Finite Element Harmonic Analysis Research Articles

A smoothly tunable shape memory metamaterial with adaptive bandgaps for ultra-wide frequency spectrum vibration control

This article presents a smoothly tunable shape memory elastic metamaterial with adaptive bandgaps enabling the broadband frequency vibration control. The underlying bandgap-tuning mechanism arises from the reversible large deformation induced by shape memory alloy (SMA) element under electro-thermal loads, through which, various microstructural shape morphing could be achieved.
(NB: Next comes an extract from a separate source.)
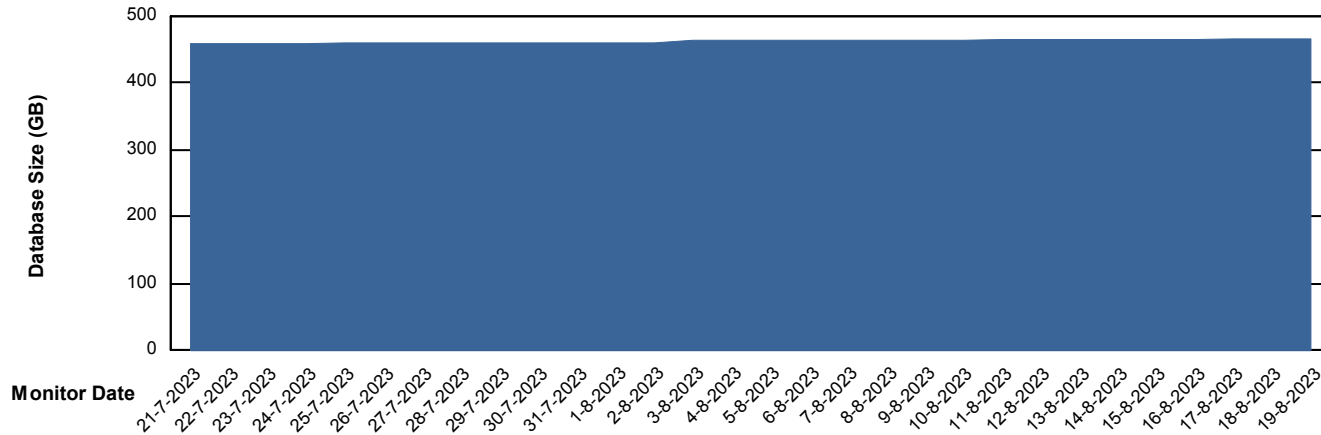

DATABASE SIZE NIXDB_Production

Database growth over last month

Via delicately designing the unit cell, the numerically obtained band structures and effective medium properties display a successful attainment of the vibration stop-passing band formation and smoothly controllable two-way tuning phenomenon for a series of transitional and intermediate status. The overall controllable frequency scope could be shifted over an ultra-wide band. Subsequently, a systematic parametric study is carried out to unfold the bandgap-adjusting patterns by altering the apparent structural stiffness and the SMA elastic modulus, individually. The finite element harmonic analysis of a metamaterial unit-cell-chain model is further investigated to verify the effectiveness of vibration suppression and the variability of the stopband region from the frequency spectra and the equivalent stresses images. Finally, the experimental demonstration is performed to validate the numerical predication from a practical perspective. The proposed design may possess enabling application potentials for future active vibration control and noise isolation in engineering facilities.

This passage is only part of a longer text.